There were nine men in the plane -- seven officers and two non-commissioned officers.
Only one lieutenant and one sergeant were saved, and only two bodies were found intact; the rest, were scattered along the road and neighboring desert, searchers said, for a distance of 200 yards.
So difficult was it to identify bodies, or piece them together, that seven Las Cruces fliers -- five of them members of the civil air patrol here -- got permission to fly over the area and hunt for others who might have escaped by parachute.
The air searchers, flying in six separate planes -- Nell Ruth Roughton of the Border Flying Service, Gregory Yelvington, Robt. Chamberlain, Buford Busby, Robt. Turner, Gus Glass and Robt. Crawford -- found no additional men alive, however.
One officer from Biggs expressed the belief that the original explosion might have thrown the men saved clear of the plane and simultaneously opened their parachutes.
The men found alive, however, were piled one upon the other, parachutes entangled, apparently, the plane had been too close to the ground for them to get full benefit of the chutes.

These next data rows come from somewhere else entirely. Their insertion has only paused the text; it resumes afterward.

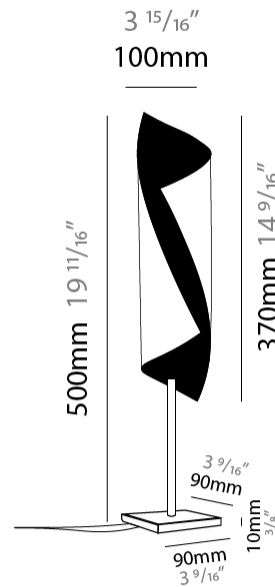

HUE PORTABLE

D134002- _____

base number

1. To build a product code in our configurator select the specify button on the base model # product page
2. To build a manual product code on this datasheet choose from the options listed below in blue font and add the suffix to the base model #

GENERAL

Series: HUE _____
Brand: Knikerboker _____
Division: Design _____
Mounting Type: Portable _____
Mounting Location: Table _____
Subcategory: Table _____

PHYSICAL

Shape: Cylinder _____
Diameter (mm): 100 _____
Diameter (in): 3 ¹⁵/₁₆ _____
Height (mm): 500 _____
Height (in): 19 ¹¹/₁₆ _____
Light Distribution: Direct / Indirect _____
Fixture Finish: EWH / EBK / MAN / COF / PRD / SLF / GLF / CLF / BRL / EWS / EWG / EWC / EWR / EBS / EBG / EBC / EBC / EBB / MAS / MAD / MAC / MAB / COS / CGO / CCL / CBL / PRS / PRG / PRC / PRB _____
Fixture Material: Metal _____
Upon Request: Bolt Down _____

ELECTRICAL

Number of Lamps: 1 _____
Lamp Type: LED Retrofit _____
Lamp Shape: MR16 _____
Bulb Included: Bulb Not Included _____
Max. Wattage Per Lamp (W): 8 _____
Lamp Base: GU10 _____
Input Voltage (V): 120 _____

LED

OPTICAL

RATINGS AND CERTIFICATIONS

Certified By: Certified for North American Standards _____
IP rating: IP20 _____

PROJECT	_____
TYPE	_____
SPECIFIER	_____
QUANTITY	_____
DATE	_____

One of the men whose bodies found intact apparently had tried to open his parachute, since it was lying with his body partly opened.
As soon as officers from Biggs field arrived, they placed a guard around the scene to keep sightseers away.
They didn't want anything disturbed, they explained, until a thorough investigation could be made; furthermore, it was understood, they wanted to guard secret parts of the machine from being examined by possible agents of enemy countries.
Col. W. B. Hough, Biggs Field commandant, said the ship carried practice bombs, which were to have been dropped on an undesignated target to the northwest at daybreak.